Advances in embedded computing systems have resulted in the emergence of Wireless Sensor Networks (WSNs), which provide unique opportunities for sensing physical environment of our daily lives. ZigBee-compliant WSN platforms have been proposed for Healthcare monitoring, smart home, industrial monitoring and sensor, and other applications.
INTRODUCTION
Microcontroller Based Wireless Temperature And Heart Beat Read Out suitable for operation in a small office/home environment. This system is easy to operate, with Visual LCD. Many individuals and organizations may, for various reasons, wish to use electronic surveillance techniques at some time or another. The idea is to use off-the-shelf RF Tx/Rx modules. The weather keeps us continually occupied. Some people have even made it their profession.

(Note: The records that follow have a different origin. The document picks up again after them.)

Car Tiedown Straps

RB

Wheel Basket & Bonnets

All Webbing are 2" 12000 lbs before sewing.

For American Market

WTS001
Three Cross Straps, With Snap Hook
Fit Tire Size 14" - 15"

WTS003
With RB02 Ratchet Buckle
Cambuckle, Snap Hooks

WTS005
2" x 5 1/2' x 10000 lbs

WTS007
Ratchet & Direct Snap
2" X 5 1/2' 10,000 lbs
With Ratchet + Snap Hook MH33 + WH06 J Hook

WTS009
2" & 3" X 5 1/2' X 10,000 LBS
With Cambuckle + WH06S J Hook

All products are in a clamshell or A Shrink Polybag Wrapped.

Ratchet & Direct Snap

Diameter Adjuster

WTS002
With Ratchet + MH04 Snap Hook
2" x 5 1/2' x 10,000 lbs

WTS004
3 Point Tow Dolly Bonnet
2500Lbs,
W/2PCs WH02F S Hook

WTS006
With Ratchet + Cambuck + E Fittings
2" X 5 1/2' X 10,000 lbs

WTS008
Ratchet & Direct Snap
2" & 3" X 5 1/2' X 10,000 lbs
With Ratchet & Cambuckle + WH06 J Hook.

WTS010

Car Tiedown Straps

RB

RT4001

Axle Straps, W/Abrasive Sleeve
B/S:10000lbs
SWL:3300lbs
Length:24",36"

In the past pace of life it is difficult for people to be constantly available for their near ones who might need them while they are suffering from any disease or physical disorder. So constant monitoring of the patient’s body parameters such as body temperature, Pulse rate and sugar level etc becomes difficult [1]. In ICU’s as described that Nurses or other care taker may not be available for constant monitoring of the patient’s health. Due to this sometime, the patient’s health changes to critical from normal condition. In this proposed system, we have used a microcontroller based system having various sensors to continuously taking the measurement of the patient’s heart beat, body temperature etc and displaying the same on the LCD continuously. In this system the information about patient’s health is provided within every prescribed interval of time to the Doctor.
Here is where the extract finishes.